**Exercise objective:** Show every line of the data below that includes the word "PAGE".

Saved entries:
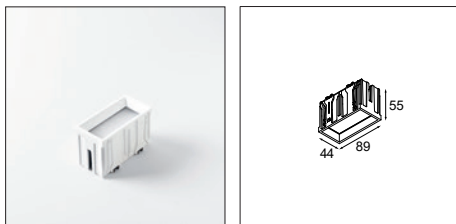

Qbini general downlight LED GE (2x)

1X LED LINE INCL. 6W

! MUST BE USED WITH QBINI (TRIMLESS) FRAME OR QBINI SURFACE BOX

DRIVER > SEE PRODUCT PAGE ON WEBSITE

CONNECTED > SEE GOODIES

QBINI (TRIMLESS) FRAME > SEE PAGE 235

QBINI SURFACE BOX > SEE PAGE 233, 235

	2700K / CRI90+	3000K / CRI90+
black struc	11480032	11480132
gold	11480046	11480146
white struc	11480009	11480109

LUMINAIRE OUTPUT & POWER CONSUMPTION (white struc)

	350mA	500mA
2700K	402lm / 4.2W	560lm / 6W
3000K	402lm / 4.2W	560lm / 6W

**Task solution:**
DRIVER > SEE PRODUCT PAGE ON WEBSITE
QBINI (TRIMLESS) FRAME > SEE PAGE 235
QBINI SURFACE BOX > SEE PAGE 233, 235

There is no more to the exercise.